A Perfect Storm Of Contractions
Whether Russia is “winning” or is likely to win its war with Ukraine is a speculation I do not care to make. However, the reality on the ground right now is that Russia is retreating from Kharkiv. While one battlefield success does not turn the tide of war in favor of Ukraine, it does highlight the possibility that Russia could potentially lose the war.
Win or lose, however, Russia’s war in Ukraine is furthering the breakdown of globalization and a near complete decoupling of the economic ties among nations.
China is purchasing less oil even as it buys more of it from Russia.
Europe is set to go without Russian energy sources altogether—wisely or unwisely—suggesting that their weaning off Russian energy will be permanent (certainly Europe’s leaders would like that to be the case). With the economic dislocations headed Europe’s way this winter from the disruption of energy supplies, Europe’s ability to purchase Russian energy resources is facing serious diminution regardless of the political situation.

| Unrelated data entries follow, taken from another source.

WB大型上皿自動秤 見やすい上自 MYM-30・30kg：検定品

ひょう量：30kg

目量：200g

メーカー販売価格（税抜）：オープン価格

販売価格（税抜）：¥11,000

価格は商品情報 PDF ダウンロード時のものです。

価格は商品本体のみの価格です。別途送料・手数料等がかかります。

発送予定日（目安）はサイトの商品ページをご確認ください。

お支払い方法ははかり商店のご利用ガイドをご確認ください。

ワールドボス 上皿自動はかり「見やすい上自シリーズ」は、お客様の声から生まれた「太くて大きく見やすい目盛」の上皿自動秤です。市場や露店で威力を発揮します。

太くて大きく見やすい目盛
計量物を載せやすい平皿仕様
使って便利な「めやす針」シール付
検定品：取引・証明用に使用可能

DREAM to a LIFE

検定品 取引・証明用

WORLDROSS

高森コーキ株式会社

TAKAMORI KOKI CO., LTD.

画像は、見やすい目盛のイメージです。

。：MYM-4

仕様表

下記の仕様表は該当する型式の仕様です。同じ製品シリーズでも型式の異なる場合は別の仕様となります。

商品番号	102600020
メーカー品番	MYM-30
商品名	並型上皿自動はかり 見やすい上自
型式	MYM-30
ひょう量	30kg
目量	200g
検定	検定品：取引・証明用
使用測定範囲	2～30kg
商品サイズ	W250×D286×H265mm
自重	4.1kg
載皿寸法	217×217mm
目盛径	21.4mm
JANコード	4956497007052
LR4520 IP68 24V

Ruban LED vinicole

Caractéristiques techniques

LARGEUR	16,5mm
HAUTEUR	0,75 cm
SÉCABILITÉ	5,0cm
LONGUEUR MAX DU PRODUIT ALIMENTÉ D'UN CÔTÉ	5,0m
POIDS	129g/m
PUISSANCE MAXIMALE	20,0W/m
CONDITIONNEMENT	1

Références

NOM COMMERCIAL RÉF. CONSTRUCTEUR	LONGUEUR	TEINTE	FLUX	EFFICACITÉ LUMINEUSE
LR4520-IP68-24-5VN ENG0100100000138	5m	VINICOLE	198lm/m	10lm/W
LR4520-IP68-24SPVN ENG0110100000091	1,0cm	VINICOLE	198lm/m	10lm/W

Taken together, Russia is likely looking at a diminished global market for its energy resources.
Russia is already facing losses of imports essential to its own industry, and it will have to adapt to survive wholly on domestic manufacture, especially if China’s economy continues on its own path of decline. That we have reports of Russia seeking to buy even basic munitions from North Korea suggests that it is ill prepared to execute such a transition.
While Russia’s economy lacks the size and heft of China’s, its status as the world’s leading energy exporter makes it rather more consequential to the world economy than its size alone might suggest. Disruptions to domestic manufacturing coupled with losses of oil and gas revenues would bode poorly for energy production, as the availability of needed equipment and maintenance items for the oil and gas fields themselves would be under significant duress for the foreseeable future.
Russia may be forced to curtail oil production now (or, rather, soon), with no certainty it will be easily able to ramp back up later. The world could very well be facing a long-term structural decline in the availability of Russian oil and gas, which in turn diminishes prospects for future global economic growth.
That Russia is retreating from Kharkiv means that, win or lose, the war in Ukraine will not be ending any time soon, and so these Russia-centric economic dislocations will only continue.
The reverberations of contractions in the Russian economy across the wider global economy are adding to the perfect storm of global contraction. However bad the global economy is now, however mired in recession the Russian economy is now, things are poised to get considerably worse.